Israel summoned 10 ambassadors to Israel from countries that voted in favor of the resolution, as well as the U.S. ambassador to Israel Daniel Shapiro. Netanyahu escalated his criticism of the U.S. for abstaining, even accusing President Obama of orchestrating the resolution himself.
"From the information that we have, we have no doubt that the Obama administration initiated it, stood behind it, coordinated on the wording and demanded that it be passed," Netanyahu said in Hebrew.
He added the following in English:
"Over decades, American administrations and Israeli governments had disagreed about settlements, but we agreed that the Security Council was not the place to resolve this issue. We knew that going there would make negotiations harder and drive peace further away.
"And, as I told John Kerry on Thursday, friends don't take friends to the Security Council. I'm encouraged by the statements of our friends in the United States, Republicans and Democrats alike. They understand how reckless and destructive this U.N. resolution was, they understand that the Western Wall isn't occupied territory."
Netanyahu added that he looks forward to working with the new administration when it takes office next month.
President-elect Donald Trump has been a vocal critic of the U.S. abstention, tweeting Friday, "As to the U.N., things will be different after Jan. 20th."
NPR's Bill Chappell reported on Friday:
"In explaining the U.S. abstention, Ambassador Samantha Power said the move doesn't signal diminished U.S. support for Israel; she later added that the continued construction of settlements 'seriously undermines Israel's security.'
"Power said, 'The United States has been sending the message that the settlements must stop, privately and publicly, for nearly five decades.' "
Benjamin Rhodes, a deputy national security adviser to President Obama, told reporters on Friday that the administration "tried everything."

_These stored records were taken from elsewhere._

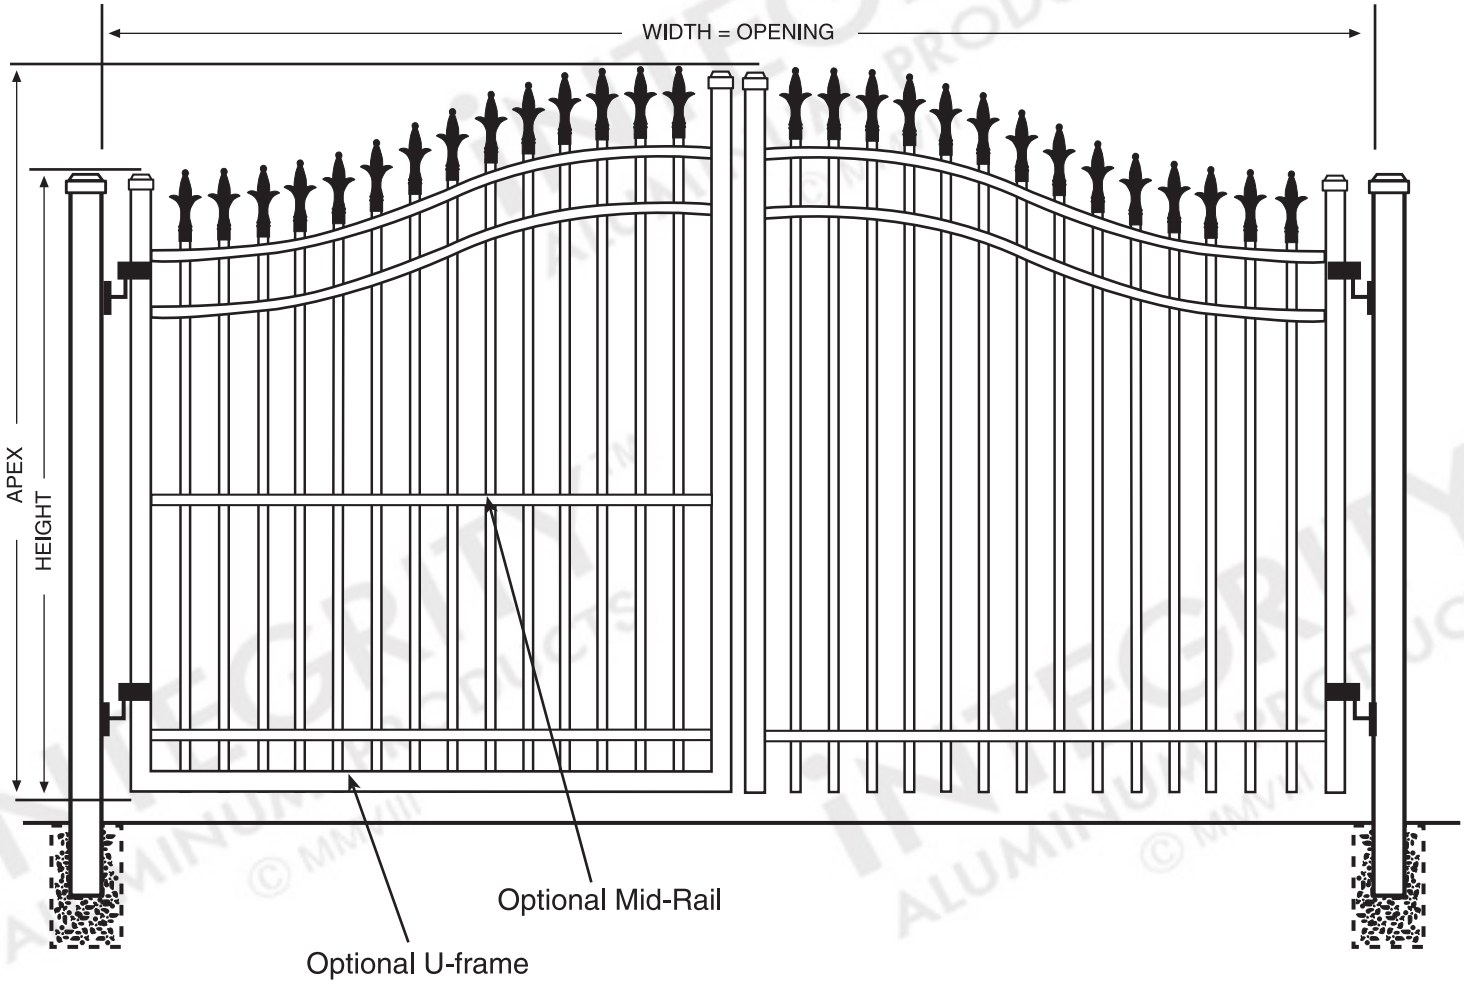

iNTEGRITY™

ALUMINUM PRODUCTS

800.762.8876

CHARLEMAGNE™ Regal Estate™ Gate

DIMENSIONS

The height and width dimensions for this gate are available in standardized one-foot increments but can be customized to meet unique requirements.

CONFIGURATION

This Regal Estate™ Gate is a double-leaf gate (as depicted) by default, but can be constructed as a single-leaf gate up to 14' in width.

HARDWARE

Gate latch and hinges sold separately and may vary depending on size of gate and posts. Suggestions provided. A standard drop rod is included.

SPECIFICATIONS

ULTIMATE GRADE

Posts Available	2½" x 2½" x .100 Wall 3" x 3" x .125 Wall 4" x 4" x .125 Wall
Gate Frame Uprights	2½" x 2½" x .100 Wall
Horizontal Rails Side Walls Top Walls	1⅝" x 1⅝" .100" .070"
Vertical Pickets Standard Spacing Extreme Spacing	1" x 1" x .062 Wall 3⅝" 1½" Available
Heights Available	Up to 10'
Widths Available	Up to 28'

All Specifications Are Nominal

© 2009 Integrity Aluminum Products. Above schematic is intended as a representation only and is not to scale. www.integrityaluminumproducts.com
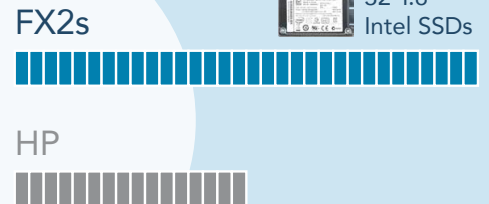

Dell PowerEdge FX2s solution

Powered by the Intel® Xeon® Processor E5-4600 v3 Product family

Legacy HP solution

72%

lower cost per new order

2X

the on-board drive bays

Get all the facts at <http://facts.pt/1FpHC4R>
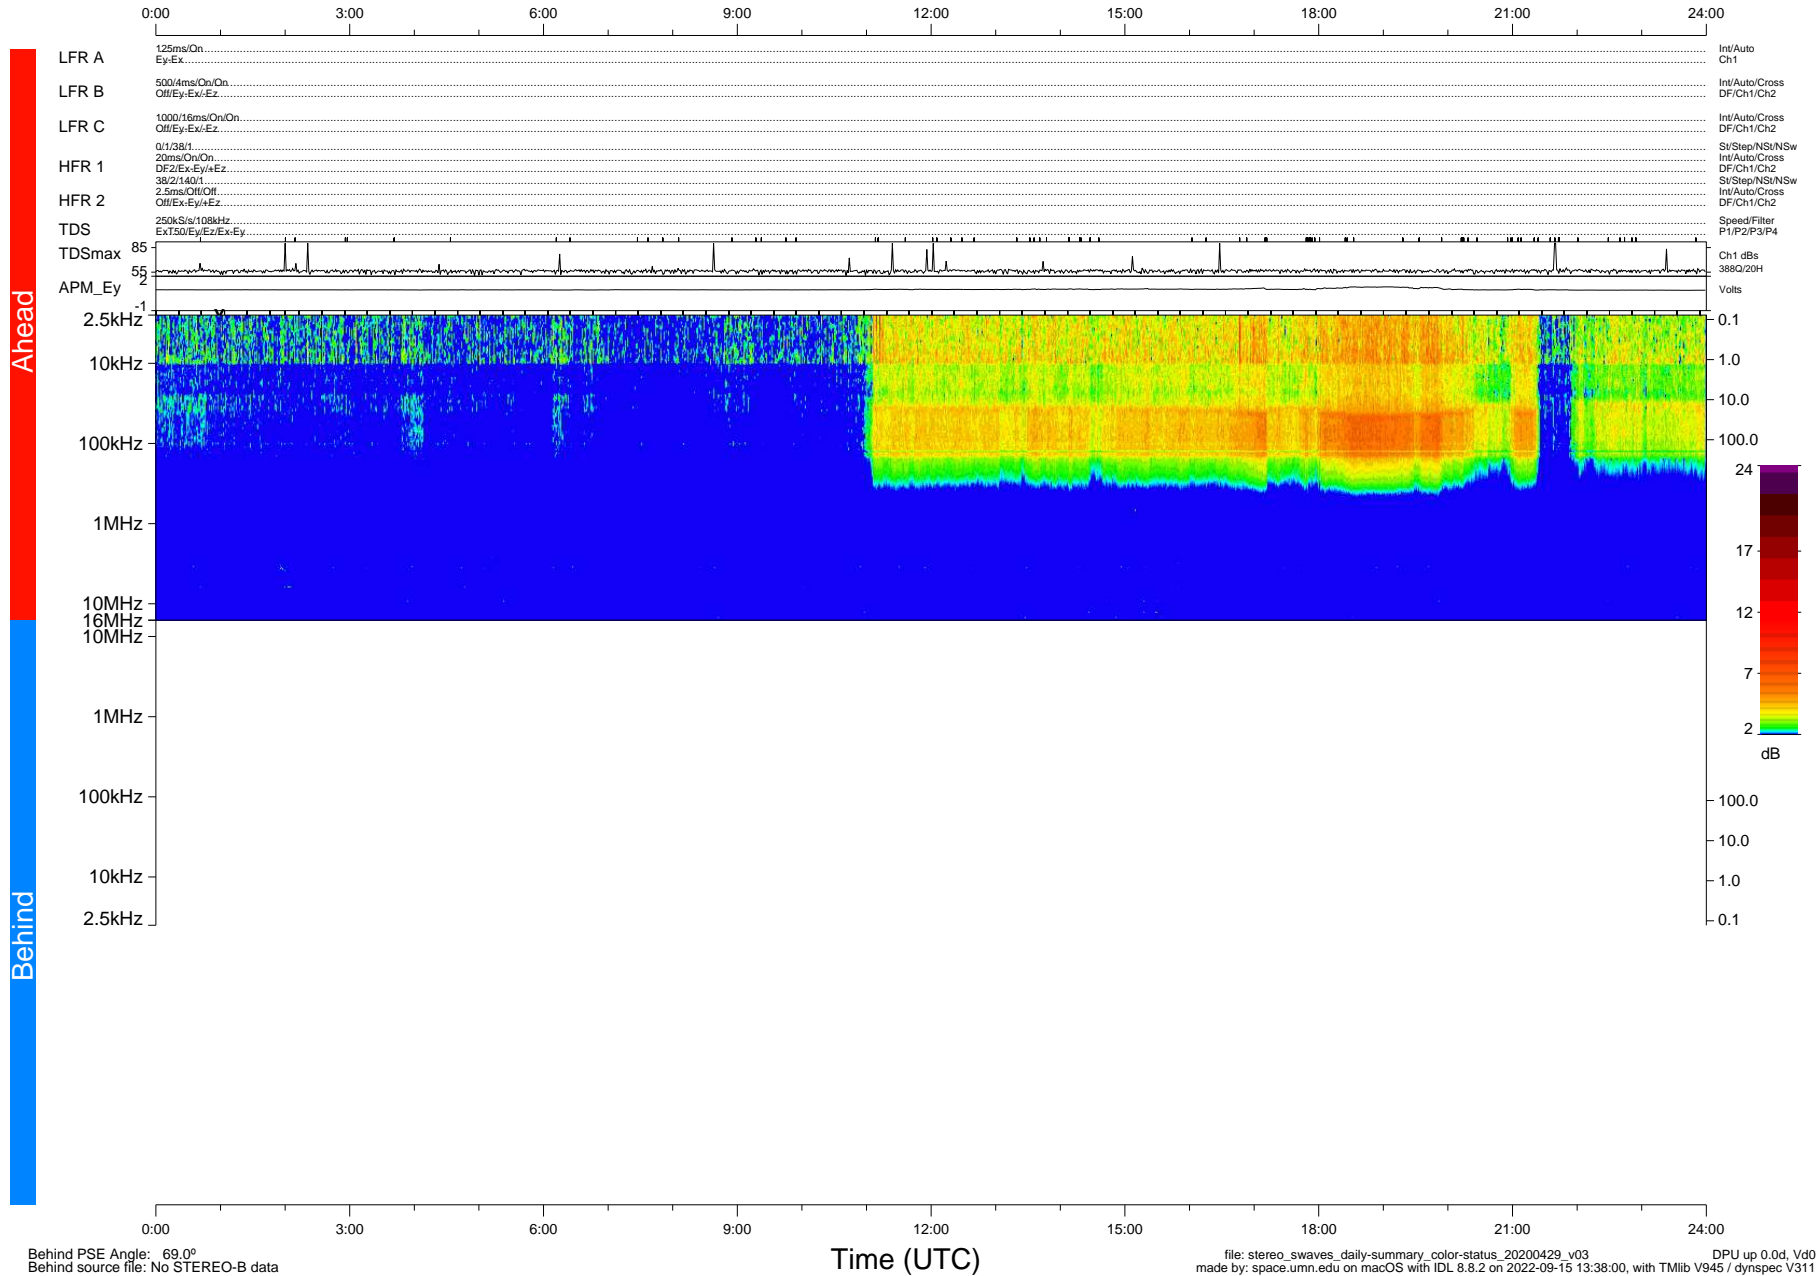

STEREO/WAVES Daily Summary - 29-Apr-2020 (DOY 120)

Ahead source file: swaves_ahead_2020_120_1_05.fin (Recovery: 100.0% HK, 111% Pkts)
 Ahead PSE Angle: -74.2°

DPU up 1757.9d, V412d32

Behind PSE Angle: 69.0°
 Behind source file: No STEREO-B data

file: stereo_swaves_daily-summary_color-status_20200429_v03
 made by: space.umn.edu on macOS with IDL 8.8.2 on 2022-09-15 13:38:00, with Tlib V945 / dynspec V311
 DPU up 0.0d, Vd0

"Prime Minister Netanyahu had the opportunity to pursue policies that would have led to a different outcome today," Rhodes said. "Absent this acceleration of settlement activity, absent the type of rhetoric we've seen out of the current Israeli government, I think the United States likely would have taken a different view, because our preference is for there to be a credible peace process underway."
A U.N. spokesperson said in a statement that the secretary-general welcomed the adoption of the resolution, adding that it was a "significant step, demonstrating the Council's much needed leadership and the international community's collective efforts to reconfirm that the vision of two States is still achievable."